Gṛhastha Livelihood, Āpad-dharma, and Sacrificial Stewardship of Wealth
कृषेरभावाद् वाणिज्यं तदभावात् कुसीदकम् / आपत्कल्पो ह्यं ज्ञेयः पूर्वोक्तो मुख्य इष्यते
kṛṣerabhāvād vāṇijyaṃ tadabhāvāt kusīdakam / āpatkalpo hyaṃ jñeyaḥ pūrvokto mukhya iṣyate
Wenn Ackerbau nicht möglich ist, soll man Handel treiben; und wenn auch das nicht möglich ist, darf man zum Zinsverleih greifen.
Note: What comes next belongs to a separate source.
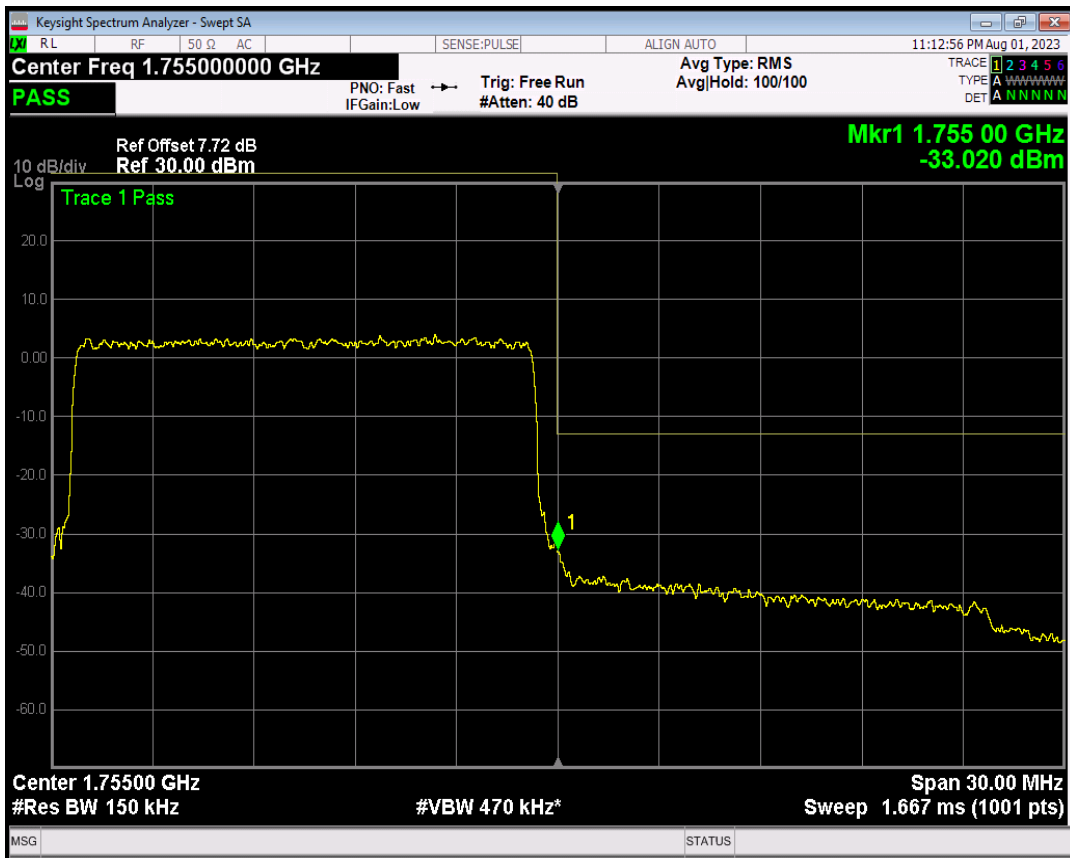

Band4 QPSK BW=15MHz Channel=20325 RB Size=75 Position=#0

Band4 16QAM BW=15MHz Channel=20325 RB Size=1 Position=#0

Dies ist als Regel für Zeiten der Not (āpad-dharma) zu verstehen; doch die zuvor genannte Hauptpflicht gilt als die vorrangige.
Traditional dharma-instruction passage (narrative voice within the Kurma Purana; commonly framed as teaching delivered in the Kurma Purana’s didactic dialogue tradition)
Primary Rasa: shanta
Secondary Rasa: karuna
It does not directly define Ātman; instead, it frames dharma pragmatically—showing that right conduct includes situational duties (āpad-dharma) while still affirming that the “primary” dharma previously taught remains the standard.
No specific yogic technique is taught in this verse; its contribution is ethical discipline—maintaining dharmic order in crisis, which the Kurma Purana treats as supportive groundwork for higher sādhanā such as Pāśupata-oriented devotion and yogic restraint.
It does not mention Shiva–Vishnu explicitly; it reflects the Purana’s integrative spirit by emphasizing dharma as a shared foundation for all theistic paths, including Shaiva-Vaishnava synthesis found elsewhere in the Kurma Purana.